Tentunya bahasan akan menjadi semakin luas jika menyangkut elemen-elemen lain dari
perspektif filmologi. Tetapi dalam menganalisis pelanggaaran HAKI di bidang film ini,
tulisan ini tidak akan mengelaborasi semua aspek mikro secara mendalam berdasarkan data
empiris. Karena dalam analisis makro, masing-masing aspek akan secara otomatis
bersinggungan.
Barangkali sebelum bahasan dalam tulisan ini menjadi lebih jauh, penting disepakati bersama
arti verbal atas kegiatan pembajakan kreativitas yang dimaksud. Asal kata “pembajakan”
adalah “bajak”. Arti gramatikal “bajak” berubah makna setelah mendapat awalan  pe- dan
akhiran -an, yaitu proses membajak. Membajak sendiri memiliki arti alternatif; mengambil
hasil ciptaan orang lain tanpa sepengetahuan atau seizinnya (Kamus Besar Bahasa Indonesia,
Balai Pustaka ).
Dari uraian gramatikal tersebut ada beberapa tindakan yang kontraproduktif, yaitu; tidak
jujur, curang, tidak sah, mencuri, menipu dan manipulasi. Dengan melihat arti verbal dan
kandungan moralitas dari sederet kata-kata sandang di atas, penegasannya harus diikuti oleh
peraturan hukum formal yang verbal pula. Untuk itulah analisis kasus pembajakan sangat
terkait dengan aspek hukum.
Jika didefinisikan secara operasioanl, HAKI adalah hak atas kekayaan yang muncul atau lahir
karena kemampuan intelektual manusia. Penemuan  atau karya  itu lahir atau dihasilkan oleh
manusia melalui kemampuan intelektualnya, yaitu berupa daya, cipta, rasa, dan karsa di
bidang ilmu pengetahuan,seni, sastra maupun teknologi.
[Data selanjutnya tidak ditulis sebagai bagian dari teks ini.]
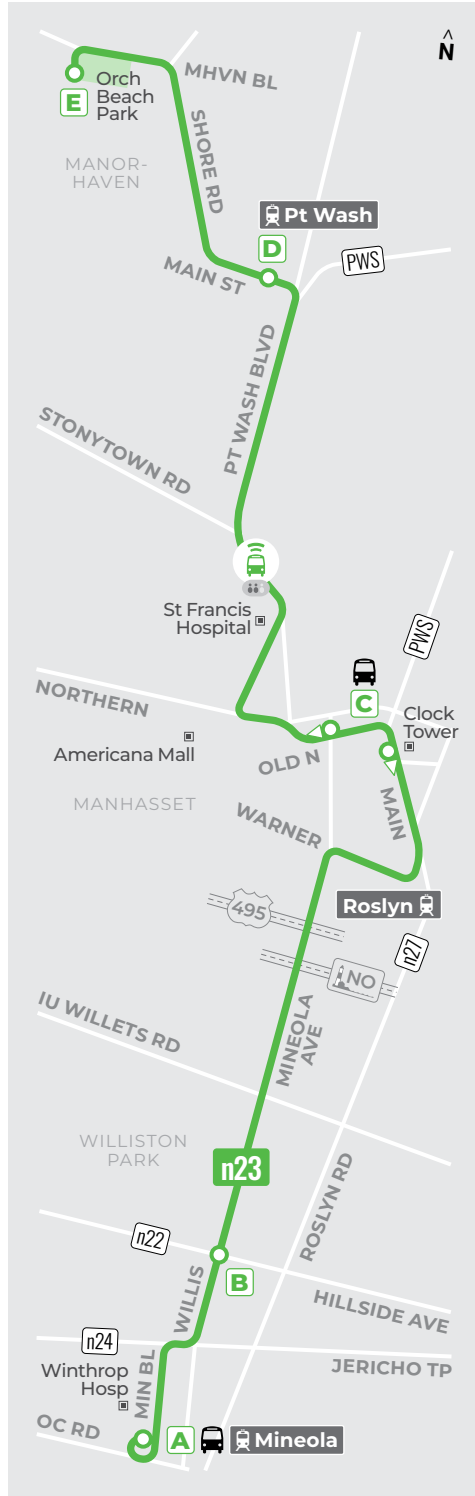

01.05.2025

n23

Mineola... Williston Park...
Roslyn... Manhasset...
Port Washington...
Manorhaven

Welcome Aboard
Bienvenidos a bordo

- Timepoint**
Parada principal
- Select Trips Only**
Solo viajes seleccionados
- Campus/Complex**
- Point of Interest**
Punto de interés
- Use Columbia St (HTC)**
- Connections: Conexiones:**
 - nice bus line(a)
 - nice mini
 - multiple(s)
 - LIRR
 - SUBWAY
 - MTA/NYC BUS
 - SUFFOLK TRANSIT

516-296-4157 (TTY relay 7-1-1)

\$2.90

MetroCard **nice gomobile**

OMNY

See website for discounts / passes
Visite el sitio web para los descuentos y passes

Days of Schedule Change
Días con cambio del horario
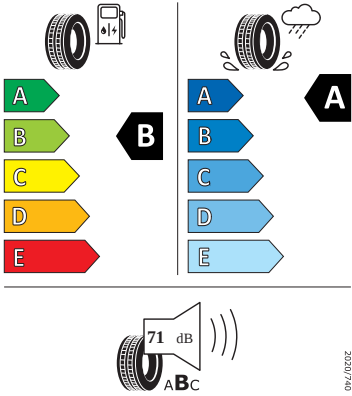

Energetické štítky pneumatik

- Bridgestone 225.0/45.0 R18

- Goodyear 225.0/45.0 R18

GOODYEAR

546337

225/45R18 91 Y

C1

- Pirelli 225.0/45.0 R18
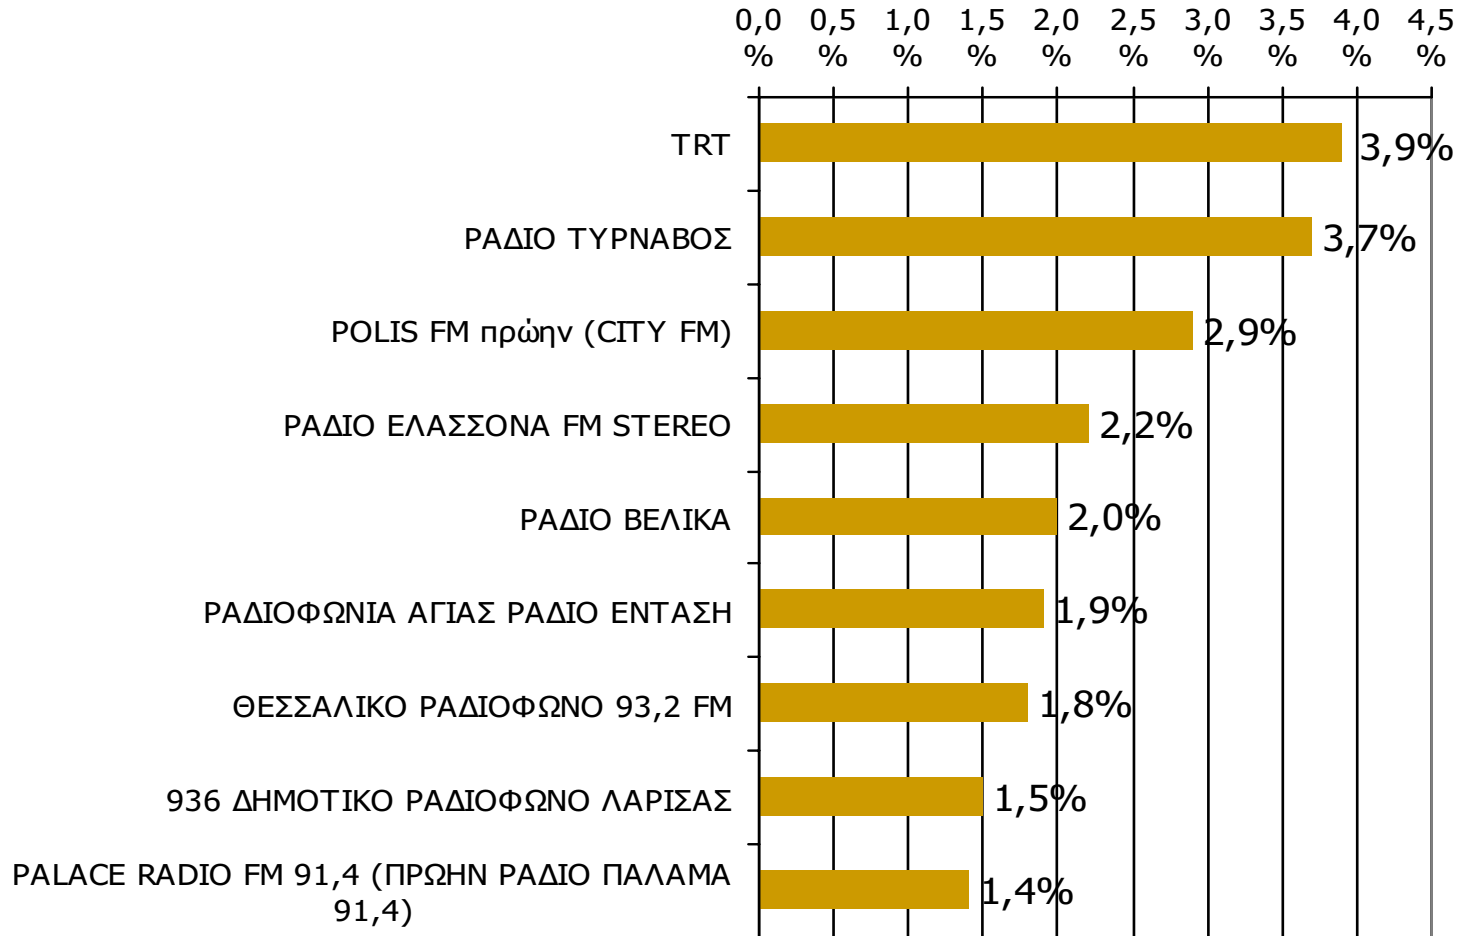

Μέση κάλυψη χρονικών ζωνών της ημέρας τοπικών Ρ/Σ Νομού Λαρίσης 9:00-12:59 - 1

Ποιες ώρες ακούσατε το ραδιοφωνικό σταθμό...

* Εμφανίζονται οι Ρ/Σ που αναφέρθηκαν στη συγκεκριμένη ζώνη

Βάση = Σύνολο ερωτηθέντων (N=1000)

Pun demikian halnya HAKI di bidang film, hak itu lahir atau dihasilkan oleh manusia melalui
kemampuan intelektualnya yang berupa daya, cipta, rasa, dan karsa dalam kaitannya dengan
produk film (dari konsep hingga bentuk jadi), yang di dalamnya mengandung unsur-unsur
yang harus dihormati oleh orang lain. Tidak semata-mata hak intelektual, tetapi menyangkut
juga hak ekonomi yang meliputi hak cipta, hak paten, hak merk dan sebagainmya.
Di Indonesia, sumber utama hukum HAKI adalah Undang-undang Nomor 6 tahun 1987,
kemudian diperbaharui dengan Undang-undang Nomor 7 Tahun 1987. Yang terakhir adalah
Undang-ndang Nomor 12 Tahun 1997, yang diundangkan pada tanggal 7 Mei 1997.
Sebenarnya Indonesia sudah memiliki undang-undang perfilman, yaitu Undang-undang No. 8
tahun 1992 dan , namun seiring perkembangan kebutuhan dan tuntutan penyelesaian
permasalahan di lapangan, undang-undang tersebut terbukti tidak mampu memberi jawaban
atas berbagai persoalan. Fungsi regulasi tidak banyak bisa diandalkan dalam menghadapi
kasus-kasus pelanggaran hak cipta, seperti penggandaan DVD secara ilegal ini.
Selain itu, terdapat dua peraturan Pemerintah sebagai pedoman pelaksanaannya, yaitu
Peraturan pemerintah Nomor 14 tahun 1986 tentang Dewan Hak Cipta, yang telah diperbarui
dengan Peraturan Pemerintah Nomor 7 Tahun 1989 Tentang Penerjemahan dan/atau
Perbanyakan Ciptaan untuk Kepentingan Pendidikan, Ilmu Pengetahuan, Penelitian, dan
pengembangan Penelitian yang pada dasarya mengatur operasionalisasi ketentuan mengenai
lisensi wajib di bidang hak cipta (Compulsory Licensing).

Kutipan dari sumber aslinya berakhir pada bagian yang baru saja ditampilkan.